Similar situations exist in XAML binding. Consider a scrollbar or slider. You may not want to send update notifications to the binding system for every micro movement of the slider as the user is sliding it from one side of the screen to the other. Instead, you may want to update only after a delay.

<Window x:Class="WpfBindingDelay.MainWindow"
xmlns="http://schemas.microsoft.com/winfx/2006/xaml/presentation"
xmlns:x="http://schemas.microsoft.com/winfx/2006/xaml"
Title="MainWindow" Height="350" Width="525">
<Grid>
<StackPanel>
<Slider x:Name="ValueSlider"
Minimum="0" Maximum="100"
Margin="20" Height="25"
Value="{Binding ElementName=ValueText, Delay=500, Path=Text, Mode=TwoWay}" />
<TextBox x:Name="ValueText" Text="50"
Width="100" Height="50" FontSize="20"
HorizontalAlignment="Center" />

</StackPanel>

</Grid>
</Window>

The delay time is specified in milliseconds. In this case, I've specified 500ms (1/2 second) after the last update, to make the delay really obvious. This isn't a polling interval; the timer kicks in when you stop making changes. Normally you wouldn't use a value as large as 500, of course :)

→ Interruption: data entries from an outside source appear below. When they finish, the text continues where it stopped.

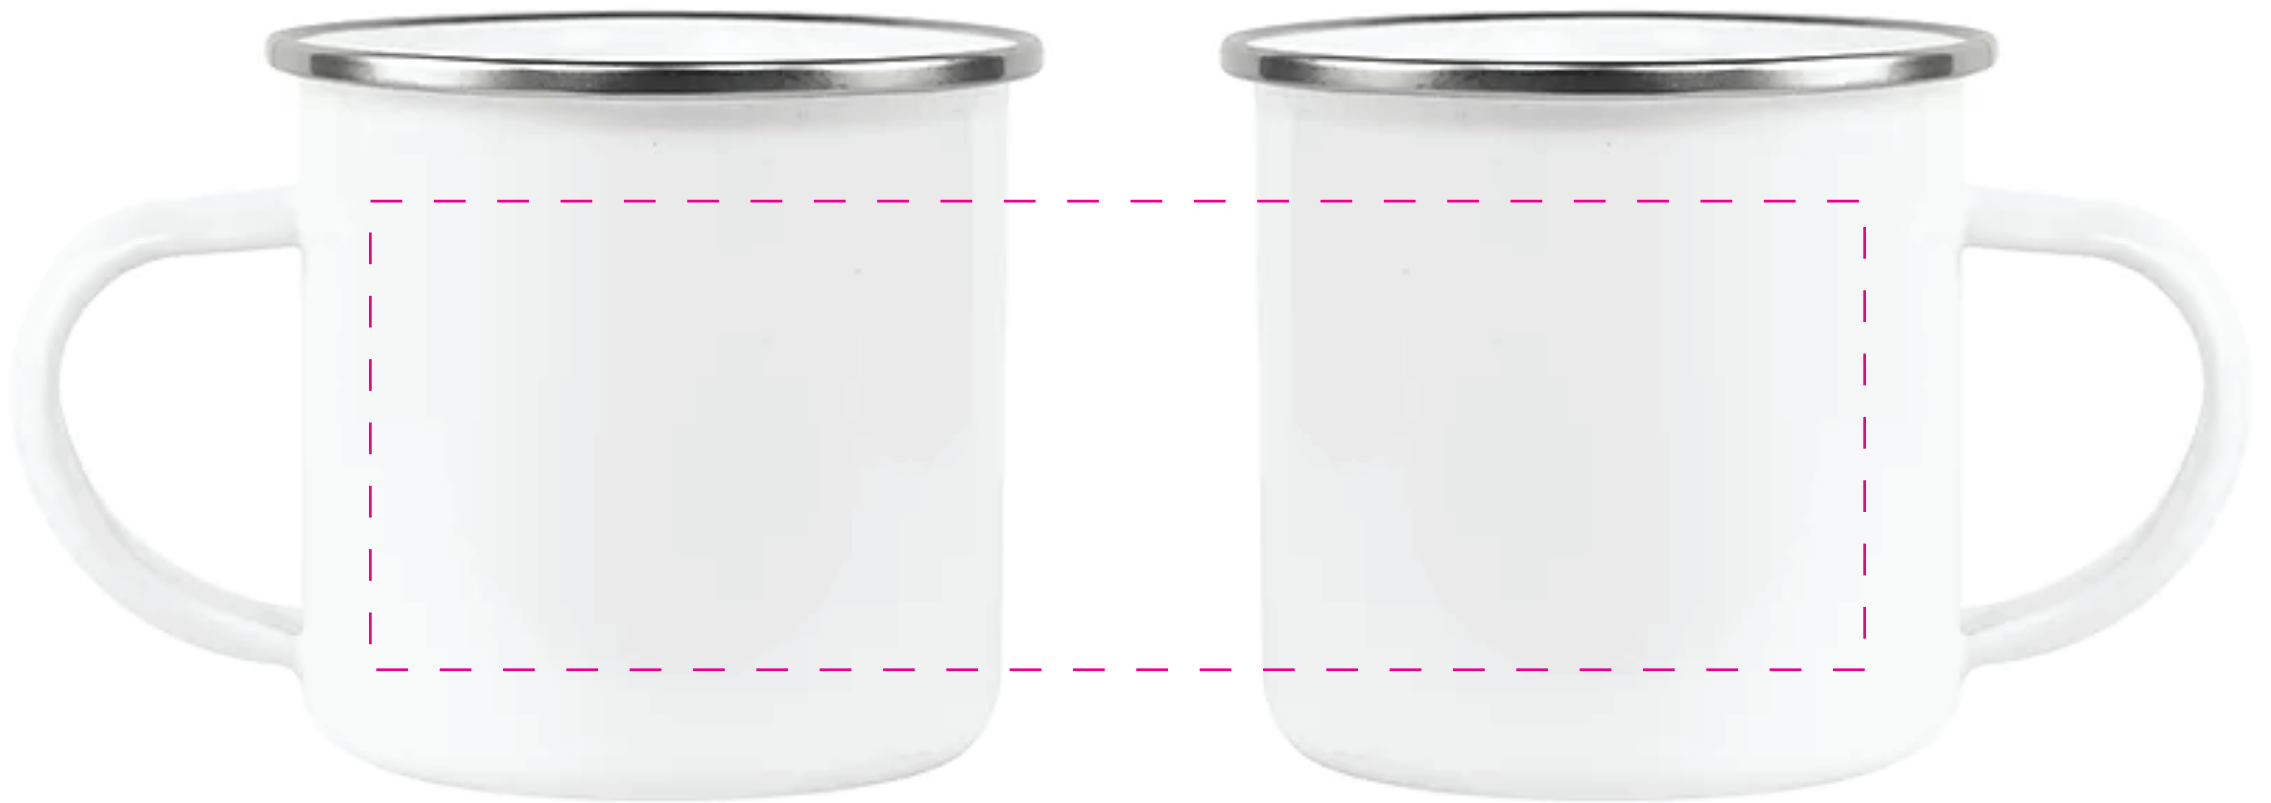

ENAMEL MUGS

D-ENAMC12 12 oz. White Enamel Mug
4 Colour Process imprint Both sides
Stainless Steel Rim
Quantity:
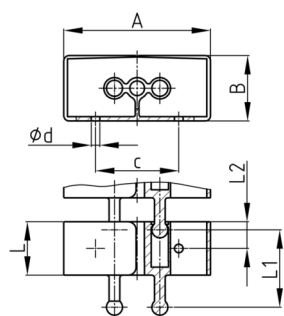

Product Group KBKCMXZ1

Chain element made of PP with fixing hole for fixing cable chain KBKCMX

Standard Colours

- black
- white
- uncoloured-translucent
- silver

Material

- Polypropylene (PP)

Product information

- For fastening of KBKCMX 100, KBKCMXSA75, KBKCMXSA125, KBKCMXSB75 and KBKCMX125
- Not suitable for size KBKCMX 60x100, KBKCMXSA 60x75 (125), KBKCMXSB 60x75 (125).

Order Number	A	B	c	d	L	L1	L2
	mm	mm	mm	mm	mm	mm	mm
KBKCMXZ1 / Fix - Element	70	35	37	4	20	30	10
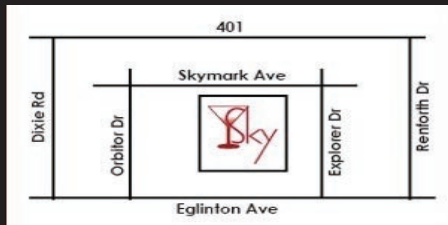

www.skyrestaurantlounge.com

Open for Breakfast Monday to Friday 7am to 11am
Featuring Breakfast, Lunch, and Nightly Specials
Jumbo Award Winning Wings 59c Mon-Fri 3-Close
GTAROX Event & Music Promotion www.GTAROX.COM

Live R&B Blues with Jerome Godboo
Special Guests Sundays 3:30 -8pm weekly
15 x 42in Plasma TV plus 2 large projection screens

For all your sporting needs
Large 40 seat outdoor patio

Open 7 days a week
Teams Welcomed and Pampered !!

Team Incentives Available
Great Diverse Menu and Economically Priced
NTN Trivia Lots of Plasma TVs and Dart boards
available for your entertainment & Dining Pleasure

2680 Skymark Ave
Mississauga, Ontario
905-625-9896

Located In The Corporate Tower near Eglinton Ave & Explorer Dr. (Investment Planning Council Building)

Where you put the delay also has an impact. For example, if you bound the two controls together inside the TextBox's Text property and put the delay there, it wouldn't affect slider changes, only changes to the value typed into the TextBox.

Another useful place for this is when binding to data in a TextBox where you want to catch incremental changes, but the cost (for example, a search) is somewhat expensive. In that case, you can wait for a slight pause, maybe 100ms between keystrokes, and perform your search then.

       
posted by Pete Brown on Friday, December 2, 2011
filed under:        

5 comments for “WPF 4.5: Adding a delay to your binding updates to reduce noise”

  1. Rohit Sharmasays:
    Or alternatively you could use Reactive Extension and apply Throttle, that is what we do for purposes such as keystroke based events, where you do not want to kick off search/calculation on every key stroke

    But nice to have it implemented on the UI, I am going to link to this article. Thanks for sharing.
  2. Josh Einsteinsays:
    That is a great addition. I would still love to see a feature of the Binding markup extension that allows you to specify a refresh interval. That way you could support binding to properties that cannot easily implement INotifyPropertyChanged. A canonical example would be a TotalPrice property of an Order object that is based upon many sub-objects and their properties.
  3. Milansays:
    Sure it's easy solvable pattern, but when it's built-in like this then we're talking about icing on the cake here.

    Adding similar niche features would make this UI framework top notch.

    I just hope it won't be killed after v4.5 or at least that all its good things will translate into WinRT XAML flavor.